* What you are asked to do
Identify each line below containing the string "incliné" and copy it.

Data entries:

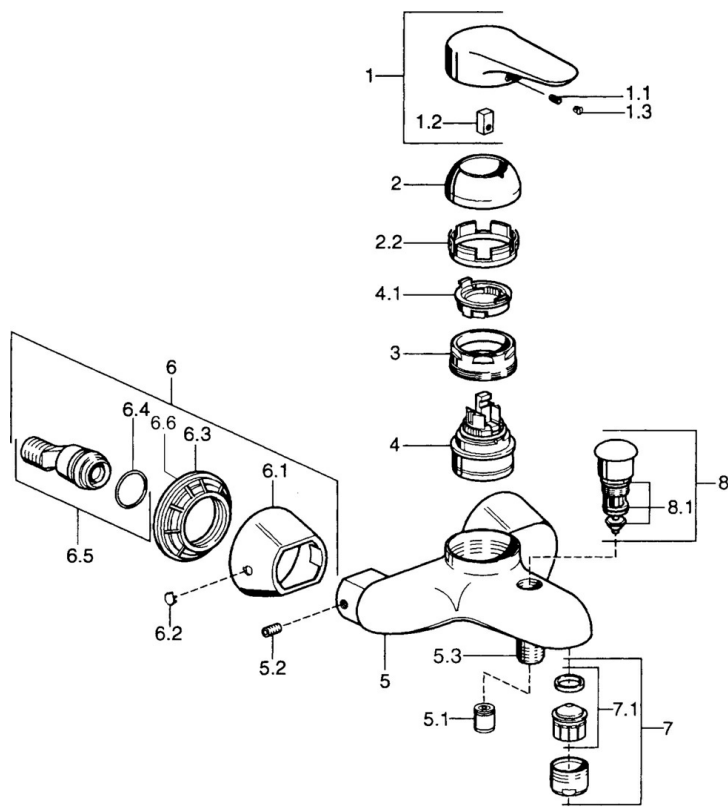

EAN: 4015474684171
static.hansa.com/03742103

- Sprcha & vana
- Jednopáková
- Montáž na zeď
- Chrom
- Jedna ovládací páka / rukojeť, Páka se symboly teplé a studené vody
- Zpětný ventil (-y)

Technické údaje

Technické vlastnosti

Zdroj teplé vody	max. +80°C
Pracovní tlak	0.5-10 bar
Zabezpečení proti zpětnému toku (ČSN EN 1717)	EB

Předpisy

Norma EN	EN 817
----------	---------------

Náhradní díly

SP03742102

	Název	Kód
1	Páka, 99 mm, red/blue Ukončeno	59913769
1	Páka, L=99 mm, (-2011)	59913768
1	Páka, L=138 mm Ukončeno	59913770
1.1	Šroub, M5x8, SW2.5	59904755
1.2	Kluzné pouzdro (osazené)	59904778
1.3	Plug, hot/cold	59906705
2	Krytka Chrom/saténová Ukončeno	59906564
2	Krytka	59906563
2.2	Upevňovací objímka	59906695
3	Oční šroub, M50x1, SW45	59904775
4	Kartuše, 4.8 eco	59904601
4.1	Hot water limiter	59904759
5.1	Zpětný ventil	59905714
5.2	Šroub, M8x8	59906104
5.3	Závit bradavky, G1/2xM18x1	59911384
5.6	Přísávací ventil, DN15	59911330
6.1	Kryt příruby Ukončeno	59911473
6.2	Plug Ukončeno	59911480
6.3	Adaptér Ukončeno	59911486
6.4	O-kroužek, 25.07x2.62	59911479
6.5	Přistoupení, G1/2	59911491
7	Aerator, M28x1 C Bílá Ukončeno	59905683
7	Aerator, M28x1 C	59902088
7	Aerator, M28x1 Ušlechtilá mosaz Ukončeno	59906687
7.1	Aerator, M28x1 C Ukončeno	59902089
8	Přepínač Ukončeno	59911492
8.1	Těsnící sada	59904791
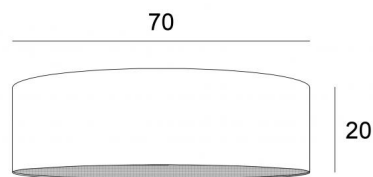

SHADE KENTIKA 70 SH

Abat-jour KENTIKA 70 SHORT en Crémone (tissu de catégorie 3)

Abat-jour rond cylindrique EXTRA PLAT de Ø70cm livré avec un diffuseur qui ferme entièrement le bas.

Sous le référence SHADE KENTIKA SHORT, il existe 5 autres tailles avec un choix de plus de 150 matières et couleurs différentes

DIMENSIONS HORS-TOUT

Ø70cm H20cm

DONNÉES TECHNIQUES

Cet abat-jour est prévu pour être placé uniquement avec une suspension équipée d'une NOURRICE (4 douilles E27).

Nous vous proposons 8 suspensions avec NOURRICE, adaptées à cet abat-jour. Voir en fin de la catégorie [SUSPENSIONS](#).
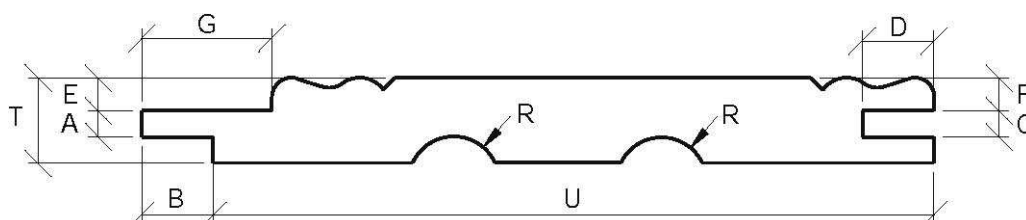

PANELE WEWNĘTRZNE

Wariant 2

PANEL MŁYŃSKI DOMEK

PRODUKT	PRZEKRÓJ	A	B	C	D	E	F	G	T	U	R
PANEL MŁYŃSKI DOMEK	13x120	4,0	10	4,5	11	4,7	4,5	20	13	110	-

HANTVERKARPOOLEN
KOCIERZEW PŁD. 104A, 99-414 KOCIERZEW K. / ŁOWICZA
509 561 095, 515 138 358
www.twojdachtwojdom.com
biuro@twojdachtwojdom.com, hantverkarpoolen@o2.pl
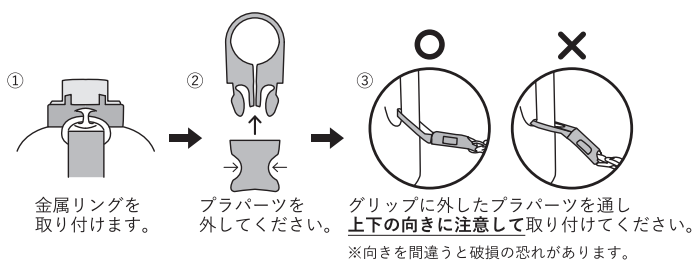

5pm

You
made it!

7pm

SHOULDER STRAP

ベルト幅：25mm

ベルト長さ：約60cm～120cm

材質：ポリエステル / ポリアセタール

¥900 (税抜)

Pink 品番 /BTJS-910P

JAN/ 4981181-21513-0

使用方法

BOTTLE COVER

ベルト長さ：約63cm~125cm
材質：ポリエステル/アルミなど

BLACK
1.5L

¥3,800 (税抜)

Black 品番 /BTJS-3810B
JAN/ 4981181-21507-9
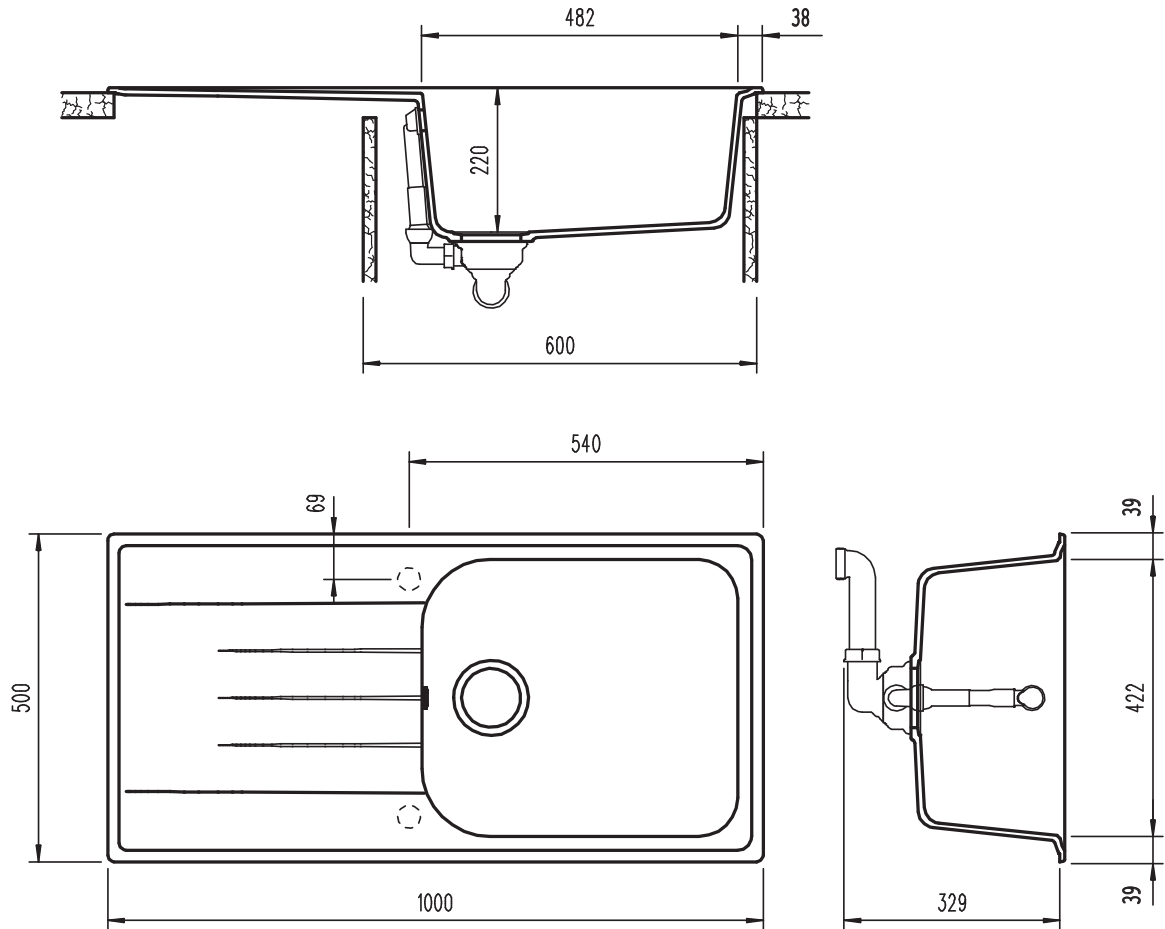

SCHOCK

CRISTALITE®

LITHOS D100L

Installazione: Standard

Installazione: Sottotop
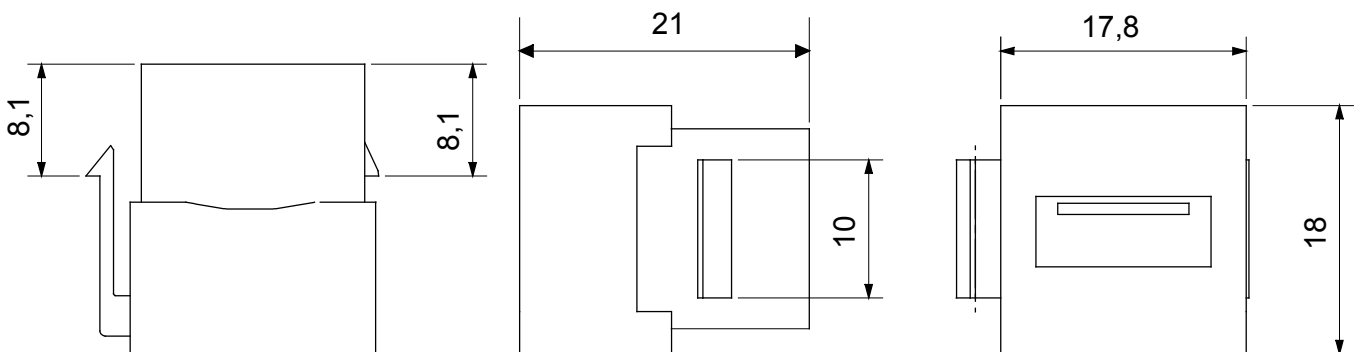

Sistema completo per la connessione e la distribuzione di reti LAN in ambito residenziale e terziario. La gamma comprende soluzioni per la fibra ottica, quadri da parete, armadi da pavimento e prodotti per il cablaggio in rame. Per cablare reti in rame, Data Center propone connettori RJ45 e accoppiatori HDMI e USB adatti per le serie civili Gewiss, cordoni di permutazione e cavi UTP e FTP, offrendo flessibilità installativa e semplicità di cablaggio.

Categoria	Presenza dati	Descrizione	Accoppiatore USB
Tipo	Femmina/Femmina - Tipo A	Compatibile	Keystone Jack
Materiale	Tecnopolimero	Codice Electrocod	3722

DIMENSIONALE

MARCHI/APPROVAZIONI
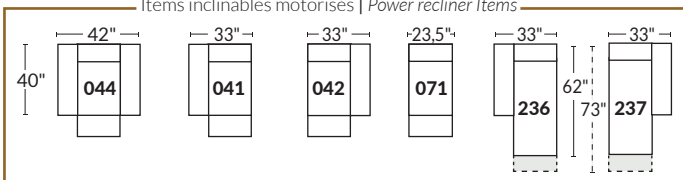

FAUTEUIL BERÇANT PIVOTANT INCLINABLE SWIVEL ROCKING MOTION CHAIR

Dégagement mural de 16" Wall clearance
Hauteur de 42" Height
Largeur de bras 6" Arms width
Option base de bois | Wood base option

SPECIFICATIONS

- Appui-tête levé Headrest up
- Appui-tête baissé Headrest down
- Complètement incliné Fully reclined

- A** Hauteur complète 40" Total Height
- B** Hauteur appui-tête baissé 33" Height headrest down
- C** Hauteur du bras 24" Arm Height
- D** Hauteur du siège 19,5" Seat height
- E** Profondeur incliné 65" Depth fully reclined
- F** Profondeur d'assise 20" ou/ou 22" Seat depth
- G** Profondeur appui-tête monté 37,5" Depth with headrest up

BRAS | ARMS

Option de bras:
Bras Régulier Large 9" ou Petit bras 6"

Arm option
Regular arm Large 9" or Small arm 6"

Contrôleur de l'inclinaison situé à l'intérieur du bras
Recliner control located on the inside of the arm.

Option d'accessoires disponible sur
le bras régulier seulement
Accessories option, available on Regular arms ONLY.

SIÈGE 23" DE LARGE | 23" SEAT WIDTH

Items inclinables motorisés | Power recliner Items

SIÈGE 30" DE LARGE | 30" SEAT WIDTH
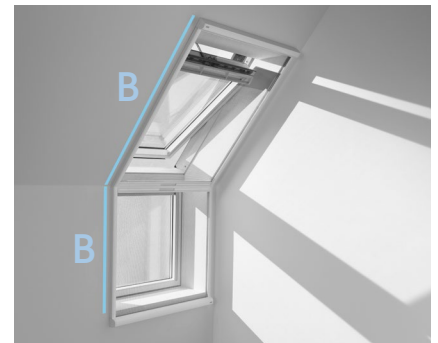

Якщо у вас є дві висоти (B) або висота перевищує 2400 мм – потрібні дві москітні сітки та один комплект з'єднувачів ZOZ 157 SWL.

Визначте ширину та висоту відкосів для універсальної москітної сітки

		A: ширина відкосу, мм					
		439-530 мм	531-640 мм	641-760 мм	761-922 мм	923-1120 мм	1121-1285 мм
B: висота відкосу, мм	0-1600 мм	ZIL SK02 5 480	ZIL FK08 7 210	ZIL MK06 7 210	-	ZIL SK06 9 010	ZIL UK04 9 230
	1601-2000 мм	ZIL SK06 6 490	ZIL FK08 7 210	ZIL MK06 7 210	ZIL PK06 7 930	ZIL SK06 9 010	ZIL UK10 11 100
	2001-2400 мм	-	ZIL FK08 7 210	ZIL MK10 8 650	ZIL PK10 9 160	ZIL SK10 10 450	ZIL UK10 11 100

■ На складі ■ Термін поставки 2-5 тижнів. Усі ціни у прейскуранті вказані у гривнях з урахуванням ПДВ. Більш широкий асортимент Ви знайдете у каталозі чи на сайті www.velux.ua.
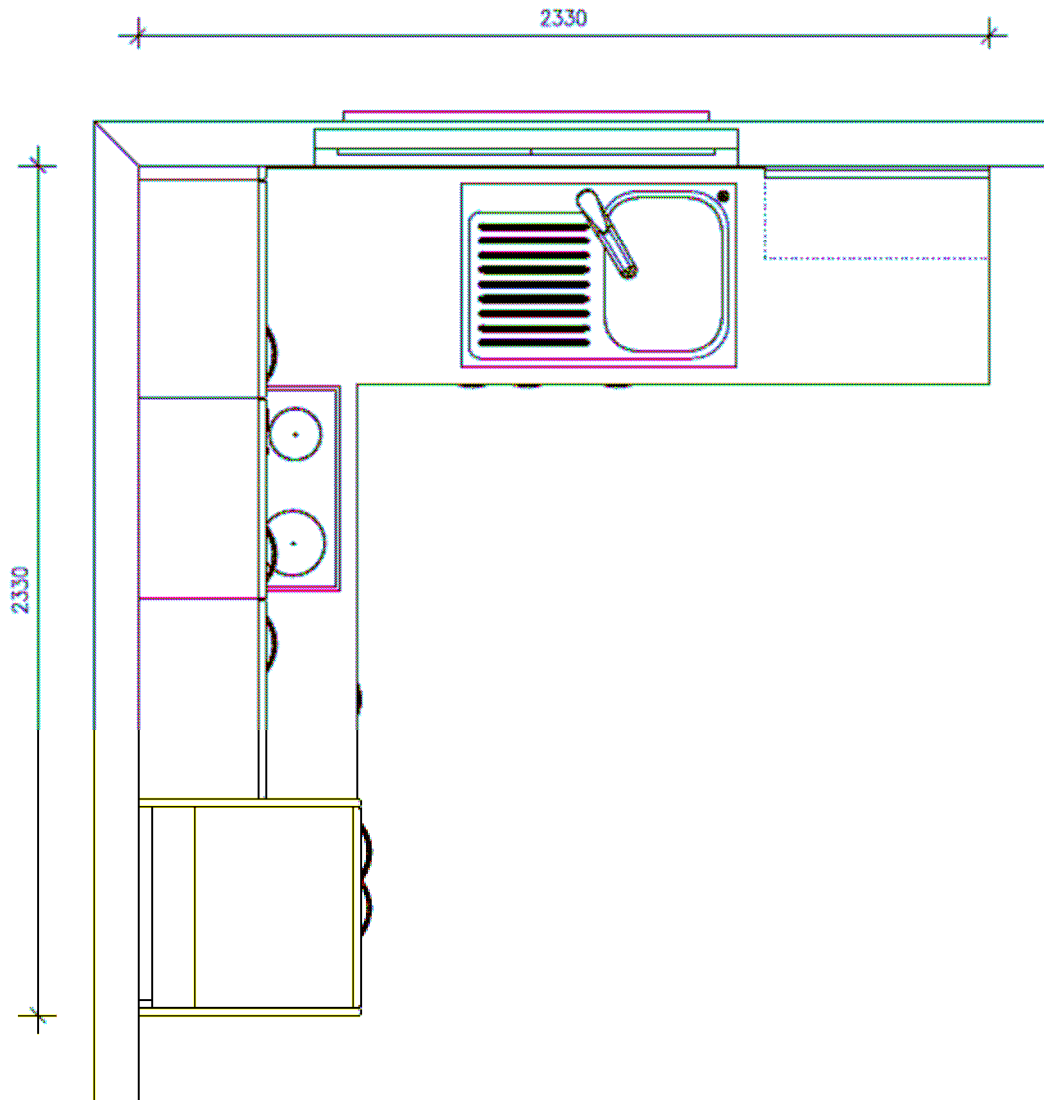

Basisküche

L-Küche in bewährter GLB – Line Qualität
Inkl. V-Zug Geräte

GLB

line

Ausführung:

Fronten:

Farbe:

Abstellfläche:

Griffe:

Option:

Inkl. V-Zug:

Preis:

Kunstharz beschichtet mit PVC-Kanten verstärkt.

nach Kollektion wählbar

in Kunstharz belegt

wählbar innerhalb der Kollektion
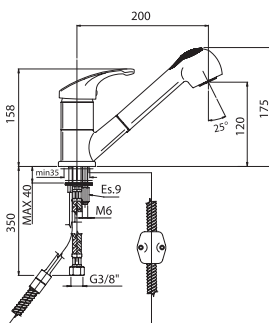

Monocomando lavello con doccia estraibile.
Single lever sink mixer pull-out hand shower.

Finitura Finish	Codice Code	Prezzo Price
Cromo Chrome	1276	€ 116,70

Con cartuccia a risparmio d'acqua
With water saving cartridge

ORC016

Confezione
Package
n° pz 001

Imballo
Packing
38x7x16 cm

Finitura Finish	Codice Code	Prezzo Price
Cromo Chrome	1276.R	€ 119,70

* Answer
- Complètement incliné Fully reclined
- E** Profondeur incliné 65" Depth fully reclined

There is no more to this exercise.